╭─ EXCERPTED RECORDS

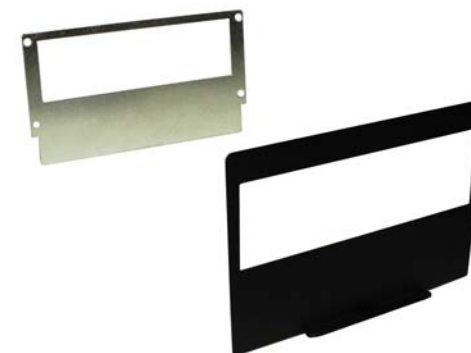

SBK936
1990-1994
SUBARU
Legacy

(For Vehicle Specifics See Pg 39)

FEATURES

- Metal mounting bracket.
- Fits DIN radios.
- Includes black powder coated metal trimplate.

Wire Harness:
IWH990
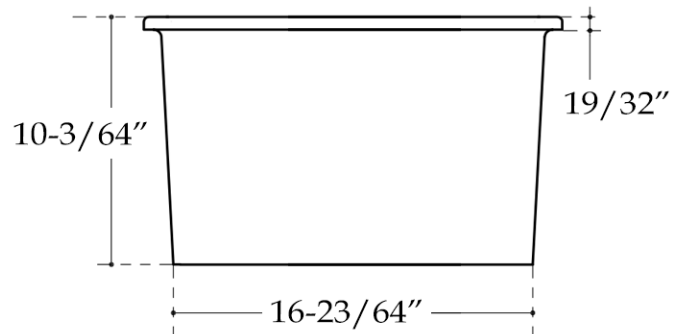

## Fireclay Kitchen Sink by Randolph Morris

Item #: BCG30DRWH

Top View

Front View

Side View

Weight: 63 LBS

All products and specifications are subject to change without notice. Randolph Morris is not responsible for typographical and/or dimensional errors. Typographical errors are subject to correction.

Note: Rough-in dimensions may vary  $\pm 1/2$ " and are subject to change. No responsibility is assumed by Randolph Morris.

╰─

■ **TASK PROMPT**: From the line that includes "- Fits DIN radios." on down to the last line of the entries above, set down each line exactly, leaving out the pictures.

■ **TASK SOLUTION**:
- Fits DIN radios.
- Includes black powder coated metal trimplate.

Wire Harness:
IWH990

## Fireclay Kitchen Sink by Randolph Morris

Item #: BCG30DRWH

Top View

Front View

Side View

Weight: 63 LBS

All products and specifications are subject to change without notice. Randolph Morris is not responsible for typographical and/or dimensional errors. Typographical errors are subject to correction.

Note: Rough-in dimensions may vary  $\pm 1/2$ " and are subject to change. No responsibility is assumed by Randolph Morris.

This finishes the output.